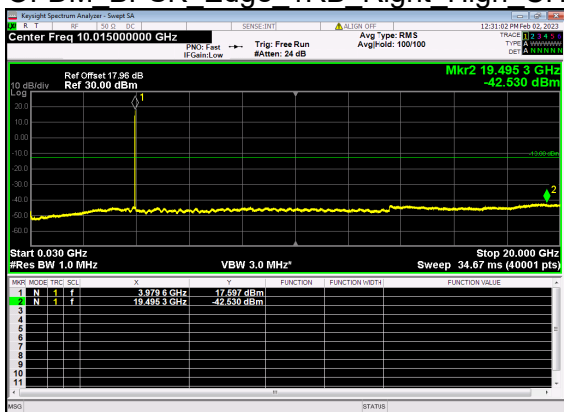

N77(20M)_DFT-s-OFDM BPSK Edge 1RB Right High CH
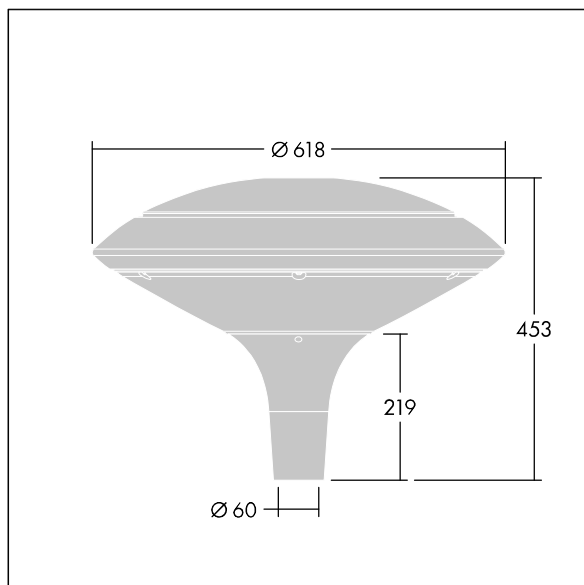

## Plurio

Plurio Direct: En dekorativ LED-armatur for montering på mast med rotasjonssymmetrisk lysfordeling. LED-driver med 18 LED som drives ved 350mA. Klasse II elektrisk, IP66, IK08. Sokkel: støpt aluminium, pulverlakkert sølvgrå. Toppskjerm: skive form, aluminium, teksturert sølvgrå. Avskjerming: UV-stabilisert, klar polykarbonat med prismer som minsker blanding. Direkte, linsebasert optikk med intern reflektor. Utstyrt med krets for 50% strømreduksjon, effektiv 3 timer før og 5 timer etter en kalkulert midnatt. Kan deaktiveres ved installasjon via en tilgjengelig intern bryter. Med 4000K LED. Montering på mast på Ø60 mm mast. Ferdigkablet med 4 m kabel.

Opplysemisjon på under 1 %.

Mål: Ø618 x 453 mm  
 Luminaire input power: 21 W  
 Lysutbytte fra armatur: 2577 lm  
 Armatureffektivitet: 123 lm/W  
 Vekt: 6,7 kg  
 Vindflate: 0.151 m<sup>2</sup>

TLG\_PLRL\_F\_DDC\_GY.jpg
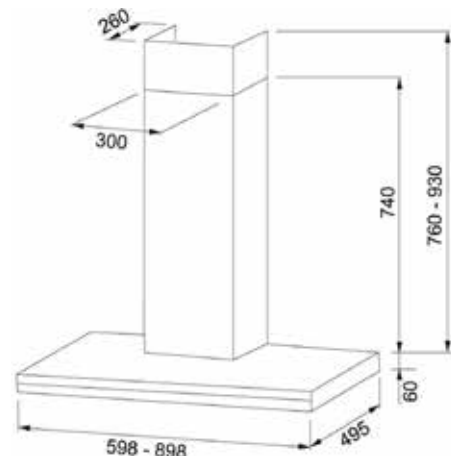

Franken design-liesikupu asennettavaksi seinälle lieden yläpuolelle. Mallissa on sähköisesti sulkeutuva läppä ja indikointi koneelle. Tilaustuote, toimitusaika varmistettava tehtaalta.

Leveys:	600 mm
Valaistus:	LED 2x2 W
Asennuskorkeus:	min. 650 mm sähköliedestä, min. 650 mm kaasuliedestä
Suodatin:	metallinen rasvasuodatin
Sieppauskyky:	75% SS 433 05 01 mukaan
Väri vaihtoehdot:	ruostumaton teräs
Tuotenumero:	K240130503 Stil vitrum rst
Soveltuvuus:	Pinion eWind E (OFF-asennus) Alta eWind E (OFF-asennus) Salla CHC eWind E (OFF-asennus) Salla CHC eAir E (OFF-asennus) Neo eWind E (OFF-asennus)

Bruttohinta: 789,00 € (alv 0 %)

Toimitusaika: 8 viikkoa tilauksesta

Mittakuva:
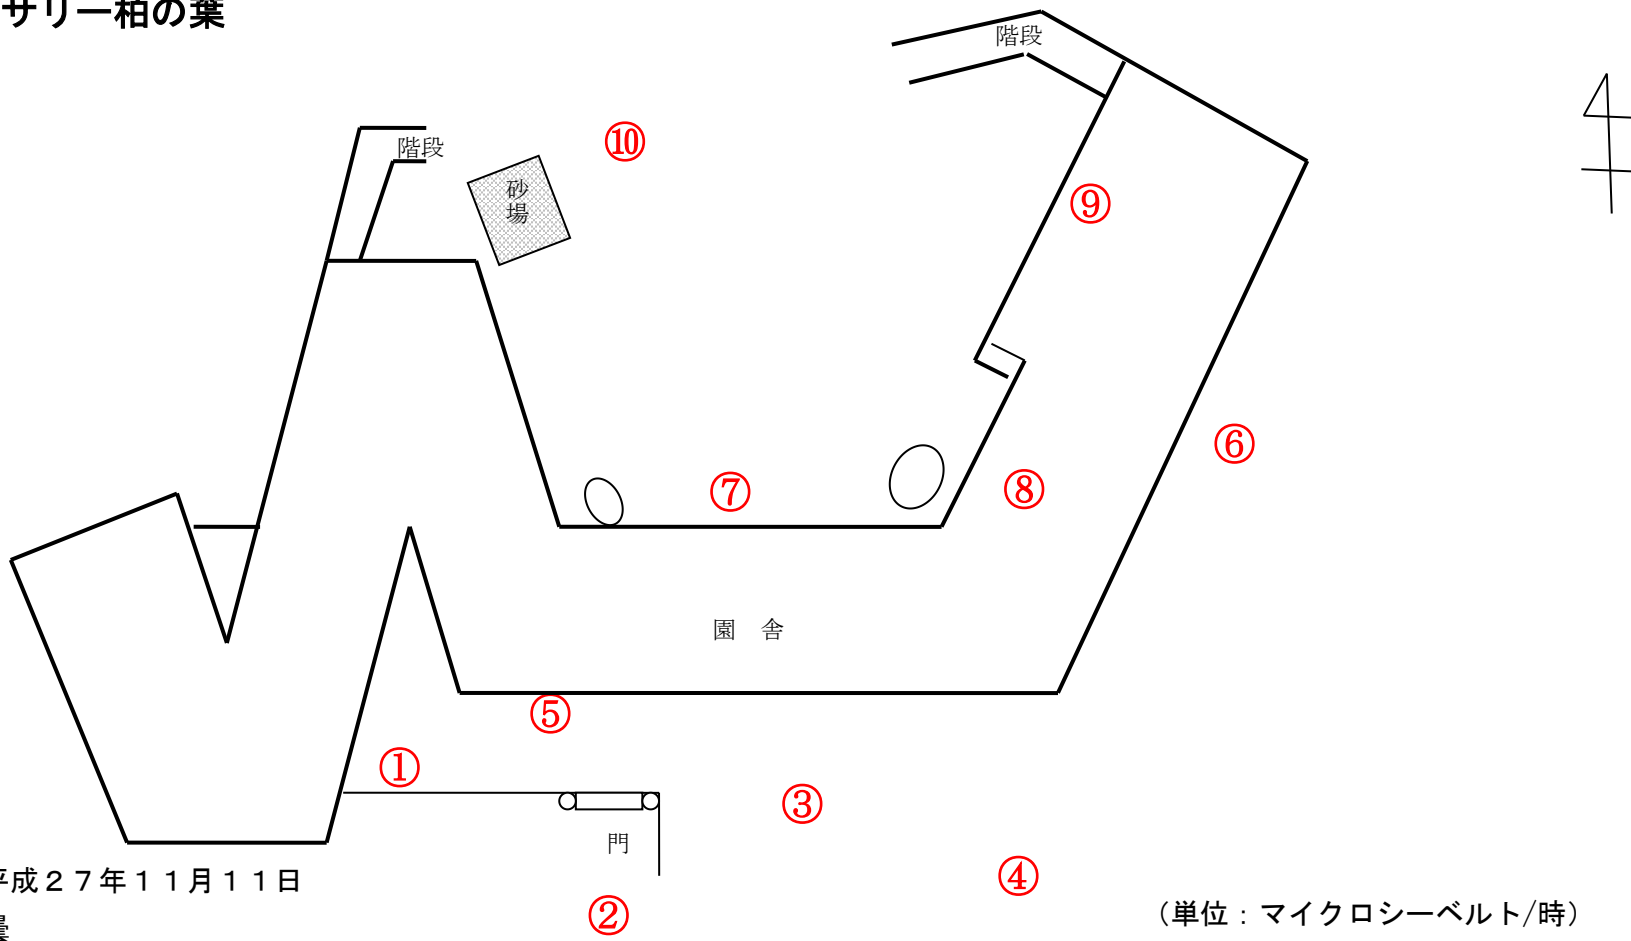

ココファン・ナーサリー柏の葉

測定箇所		100 cm	50 cm	5 cm	測定箇所		100 cm	50 cm	5 cm
①	玄関前	0.081	0.091	0.088	⑥	雨水落とし（3歳児クラス前）	0.067	0.069	0.064
②	門前	0.095	0.089	0.093	⑦	雨水落とし（5歳児クラス前）	0.045	0.075	0.068
③	植栽	0.085	0.088	0.083	⑧	屋上	0.084	0.094	0.098
④	園庭	0.075	0.083	0.086	⑨	ウッドデッキ	0.093	0.088	0.096
⑤	雨水落とし（ホール前）	0.043	0.061	0.078	⑩	階段下	0.054	0.084	0.088
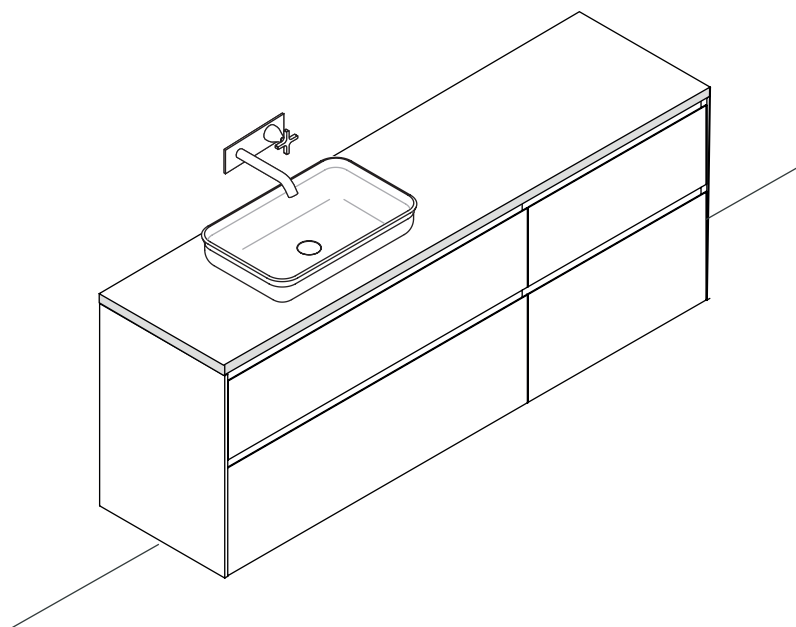

ACER0384 - UNDICI		2/3
COD. 202121	VERS. 2021227/2 -T.B	

CONTENUTO DELLA CONFEZIONE  
PACKAGE CONTENTS

STRUMENTI  
TOOLS

PREDISPOSIZIONE  
WASHBASIN PREDISPOSITION

LAVABO INSTALLATO  
WASHBASIN MOUNTED

RUBINETTO A PARETE  
WALL MOUNTED TAP

1

2

Eliminare la parte non necessaria  
Cut off the unnecessary part

3

Applicare un adeguato strato di silicone sulla superficie d'appoggio del lavabo. Posizionare il lavabo.  
Apply a suitable quantity of silicone to the countertop surface and lower the washbasin into position.
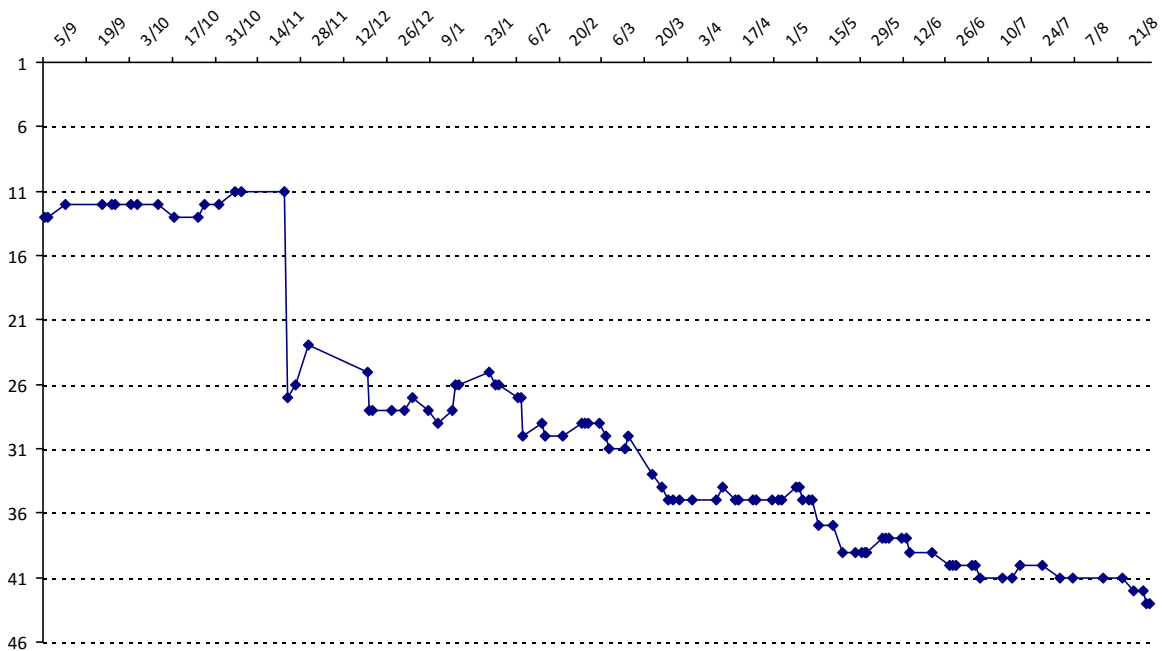

Evolution de votre classement international au cours de la saison passée

Vos points de sélection (PS) pour la saison de sélection écoulee : **4466** points.
(vous avez terminé **58e** au classement du *Joueur de l'année*).

Vos PS pour les prochains Championnats du Monde : **0** points

Pour la saison 2015-2016, les barres d'accès sont : Joker (**2900**), série A (**2250**), série B (**1600**).
Votre cote au 31/08/2015 est de **3165** points, sauf réajustement, vous commencerez en série **Joker**.

Nous vous souhaitons une excellente saison **2015-2016** !
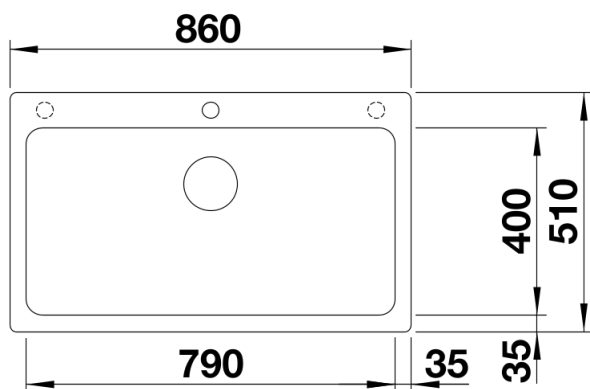

Inbegrepen bij levering

- Plaatsbesparend afloopgarnituur
- korfventiel 3 ½"

Details

Bovenaanzicht
========
ASSIGNMENT >> Find all lines holding the word "série" in the records above and copy them.

SOLUTION TO THE PROBLEM >>
Pour la saison 2015-2016, les barres d'accès sont : Joker (**2900**), série A (**2250**), série B (**1600**).
Votre cote au 31/08/2015 est de **3165** points, sauf réajustement, vous commencerez en série **Joker**.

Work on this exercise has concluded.